Strong Criticism from Diane Rotz, PWGD Board Member
Hi Ben.
PWGD is about keeping everyone in communication with everyone else, so I think the project itself it very much in line with PWGD’s basic goals. The only concern I have is that you haven’t clearly outlined a plan of action. What I mean is, you’re setting up a news access that sounds like exactly the sort of thing we need right now, but there’s no plan in place to “generate passion in solving local problems.” Since that, from our earliest communication on this project, seems to also be the primary goal of PWGD, you might want to clarify how this particular project works toward that. Knowledge sharing is all well and good, and it is definitely what the Knight Grant is all about... Perhaps I’m thinking more long-term than you are at the moment. We have to start somewhere after all.

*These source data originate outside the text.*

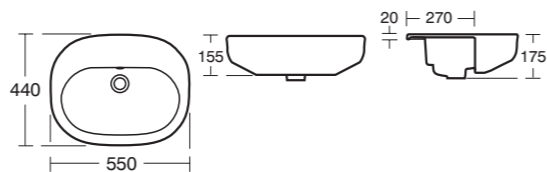

SOFTMOOD 55cm semi-countertop washbasin

1 taphole	REF T055301
Can also be installed with 650mm semi-countertop unit T7818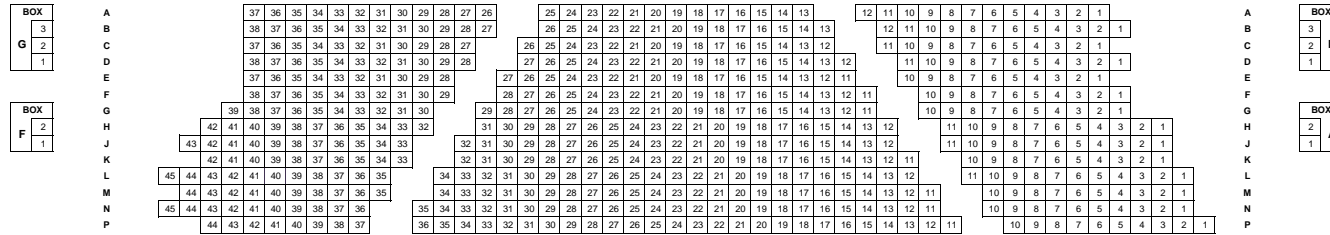

ROYAL CIRCLE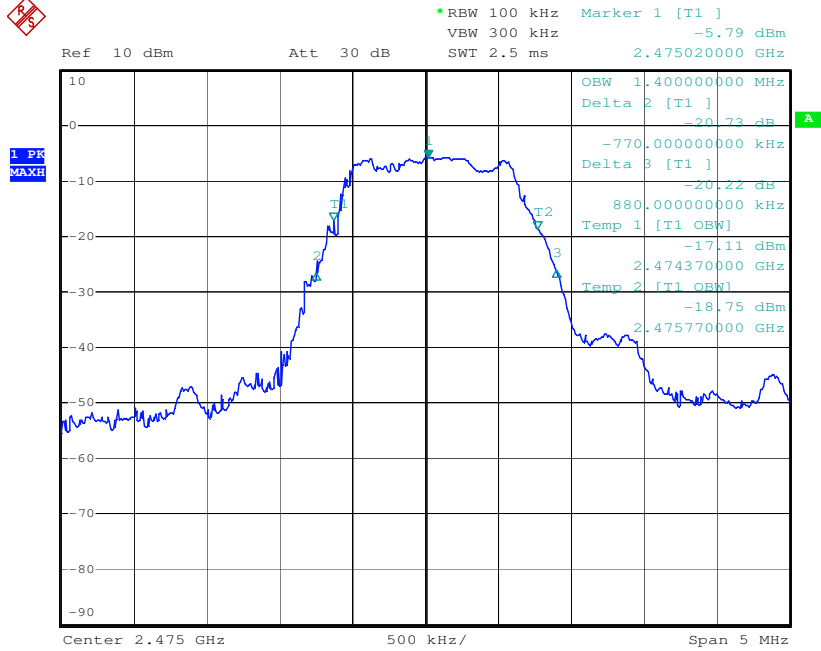

Appendix 1

Test Results

20dB Bandwidth

Tx frequency: 2405MHz

Date: 4.SEP.2015 13:01:17

Tx frequency: 2435MHz

Date: 4.SEP.2015 11:39:56

Tx frequency: 2475MHz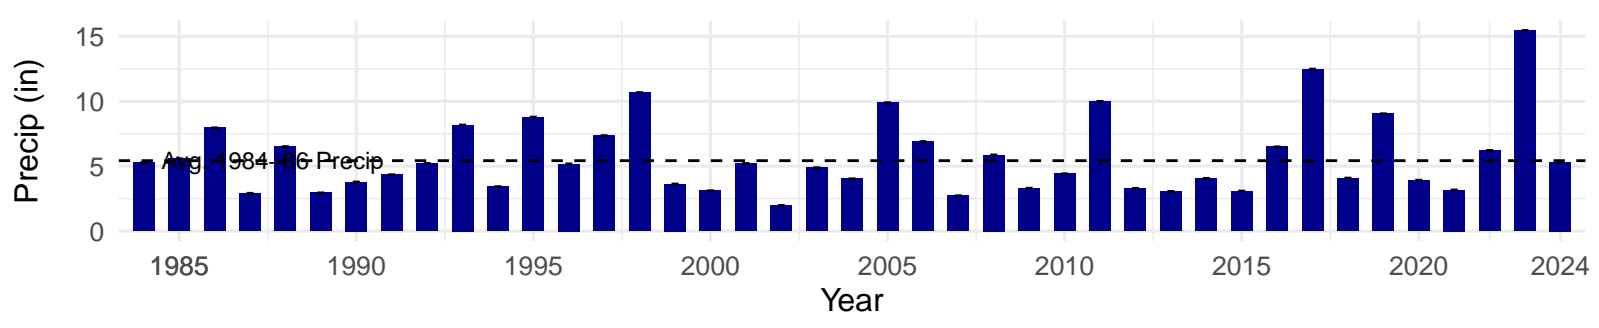

TIN028 – Wellfield – Holland Type: Desert Greasewood Scrub – Green Book Type: A – NRCS Ecological Site: Saline Bottom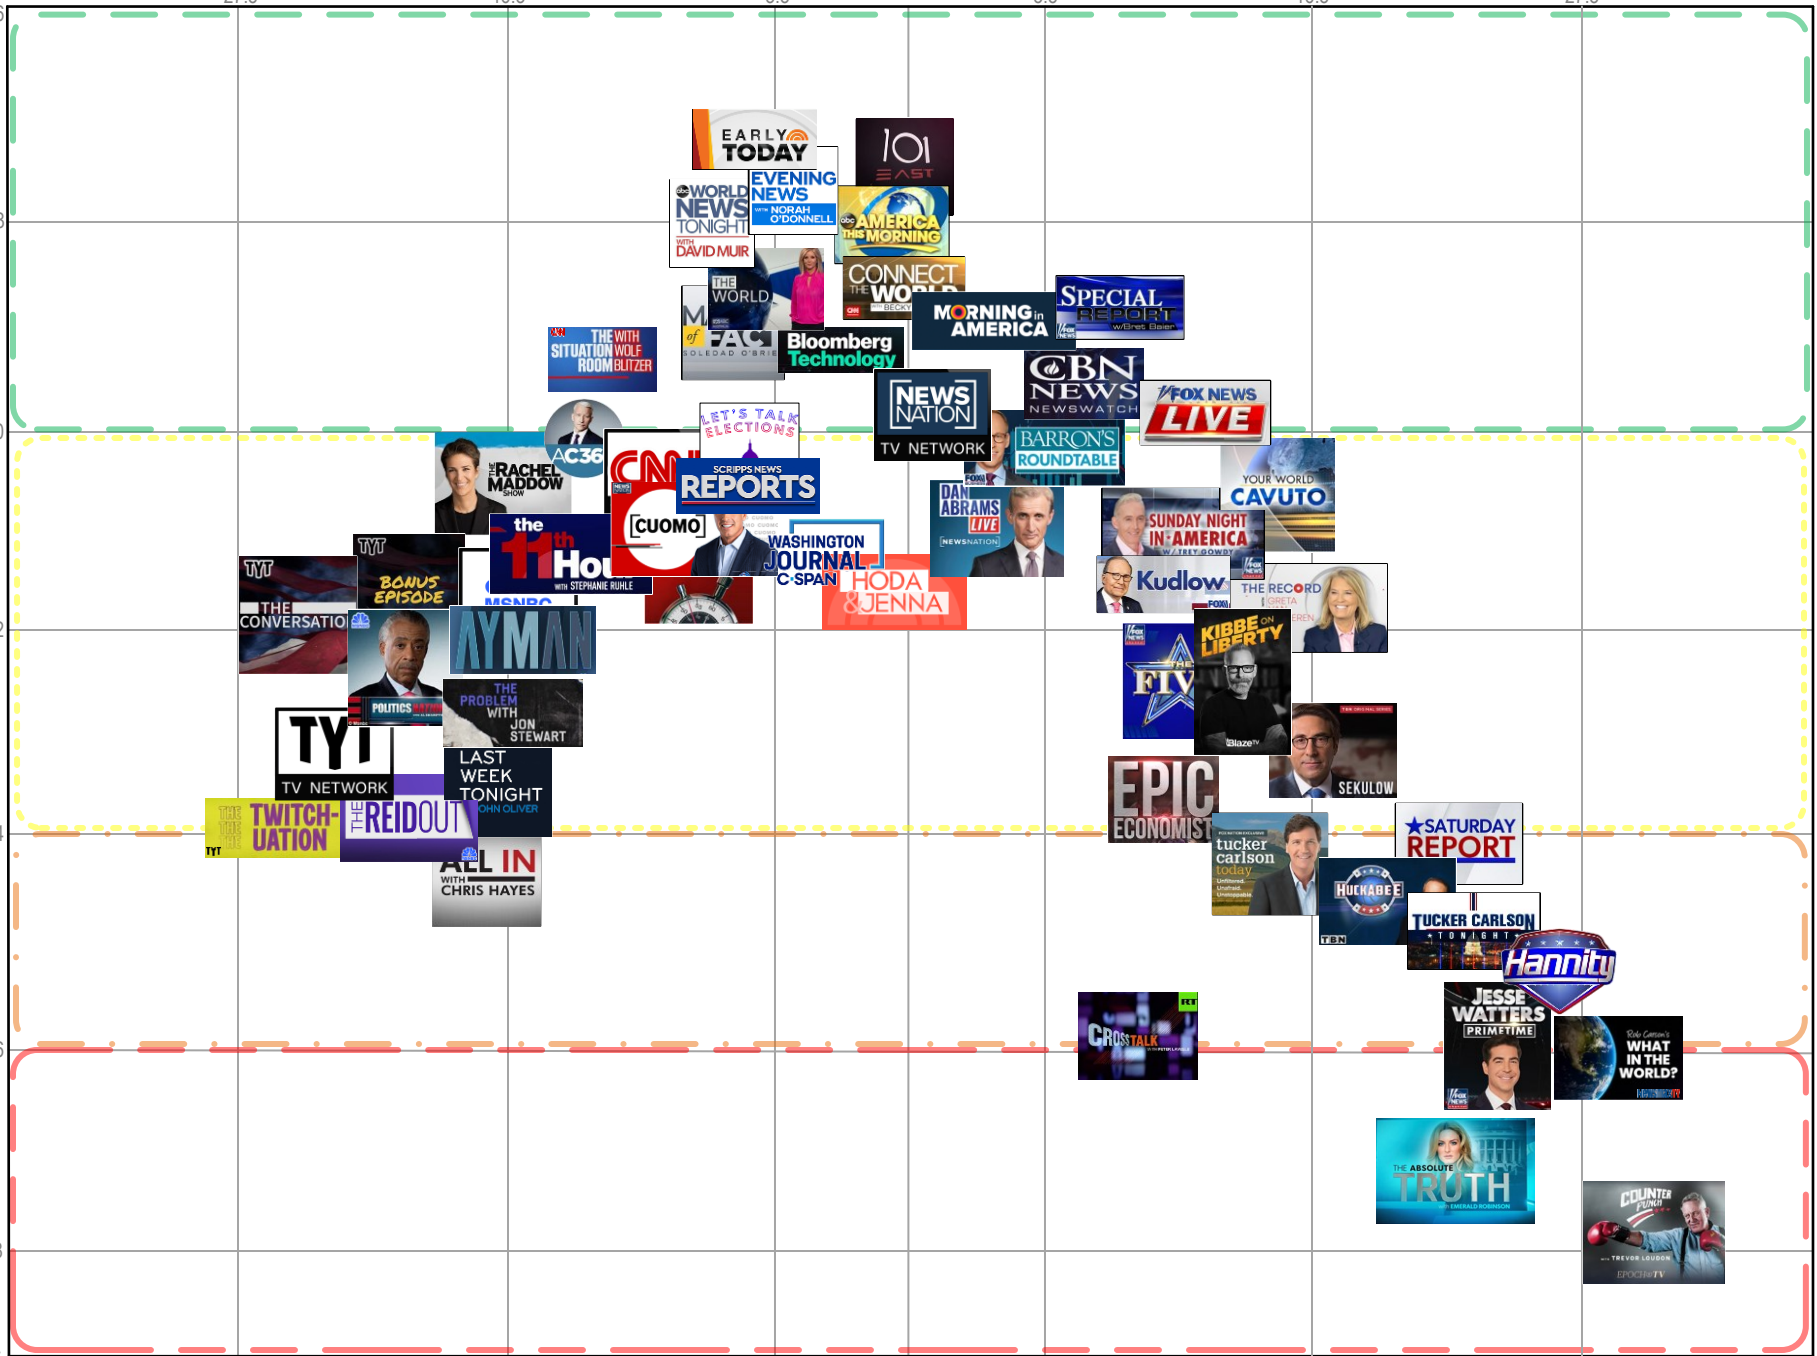

The Media Bias Chart®

TV Edition February 2023

ad fontes media

Most Extreme Left -27.5 Hyper-Partisan Left -16.5 Skews Left -5.5 Middle 5.5 Skews Right 16.5 Hyper-Partisan Right 27.5 Most Extreme Right

Thorough Fact Reporting OR Fact-Dense Analysis

Mix of Fact Reporting and Analysis OR Simple Fact Reporting

Analysis OR Wide Variation in Reliability

Opinion OR Wide Variation in Reliability

Selective, Incomplete, Unfair Persuasion, Propaganda, or Other Issues

Contains Misleading Info

Contains Inaccurate/Fabricated Info

MORE

News Value and Reliability

LESS

Licensed Copy Bias

LEFT

RIGHT

I rather thought, when you first brought this up, that you largely intended to be nationwide, if not worldwide. While you do have to start with what you can handle and then expand, an idea that will work on a nationwide basis won’t necessarily work in a smaller group. Nationally you would have little trouble finding enough people to support the network, but locally... My home town has 429 people in it. Our version of this network is Mrs. Thompson, who’s the secretary at our City Hall/Firestation/Police Department. Maybe one in ten households have computers and maybe one out of five of those households have someone over the age of twelve who knows how to use it. Out of those, maybe one in three can use something other than AOL-style e-mail accounts.
I don’t know anything about the town you are proposing it for, but to get everyone online would be a ridiculous goal. Even a majority would be near impossible.
Maybe what you need is something offline, to reach out to the people who aren’t a part of the on-line community. Maybe work with the local community center or get articles into the local paper that summarize the highlights of the online community. Something like that, anyway. Something that will reach out to those who don’t or can’t use a computer.
As to the proposal itself, I have a couple of little nit-picky grammatical things to mention. Nothing important, just suggestions.
A centralized place for community information is far from a new concept, but the philosophy is – “ an open, nonprofit philosophy, combined with the sophisticated technology for enabling everyone to participate in both contributing information and deciding about it's level of distribution is what makes PWGD News radical.
You opened quotes here and then used the quote to finish your thought without closing quotes. That made you use the word “philosophy” twice in five words. If the quotes are supposed to close after the word “distribution,” then you need to change “is what” to “which.” If the quotes don’t close after “distribution,” then you need to re-write the whole paragraph.
A full news network, including movie and restaurant reviews, news stories, personal blogs, and all that is a fair idea, but is that really the goal you want to apply yourself to? I mean, those aren’t exactly revolutionary. The lack of censorship is a new angle – new outside of radical conspiracy theorists, that is – but this sounds primarily like a not-for-profit version of CNN.com, which would be novel, but I don’t think that’s the impression you were looking for. Although putting a little more emphasis on how you plan to encourage individual involvement might alter that impression; possibly alter it by a great deal.
If quality local journalism is to thrive in the 21st century, it will have to be in a mutually beneficial relationship with myriad other ways to share information locally. This coalition led by PWGD is best suited to re-embed journalism in the local exchange of information. A nonprofit organization dedicated to true democracy is better suited for this task than a for-profit or even a nonprofit dedicated to any specific purpose.
You should strike the sentence: “This coalition led by PWGD is best suited
to re-embed journalism in the local exchange of information.” It’s unnecessary because it doesn’t provide any explanation. Of course you think you’re organization is best, the Knight Foundation people want to know why. You could also list some sort of example of what ways information is already shared locally and what sort of relationship those ways need to form.
PWGD will be able to adopt open standards for on-line publishing because we can talk face-to-face with the decision-makers, such as a nonprofit's communication director, a concerned citizen with a web site, a local newspaper editor, or the town librarian.
Other people can’t? This is news to me...
Planned PWGD enhancements such as community ridesharing boards and 'meet other people interested in...' services will explicitly encourage community-building in the real world.
Where else would it be, other than the real world? Either add “online” after “enhancements” or scratch the phrase: “in the real world.”
Amazing things can happen when most people in an area share a common space for information “especially, as PWGD and an ever-increasing number of partners feel, if that space is fundamentally under the nonprofit, democratic control of the people, by the people, and for the people.
Skip the word “most.” You don’t want most, you want all, which “people” kind of encompasses on it’s own. Also, I don’t like the phrase “of the people, by the people, and for the people” here. I think it’s wordy, tacky, and kitchy. You also used it already in your opening sentence. It felt okay there, but here it seems forced. However, when I asked a friend her opinion, she thought you were just proving your point, so... Consider that last bit just my opinion.
Anyway, you wanted my opinion and there it is. Hope it helps.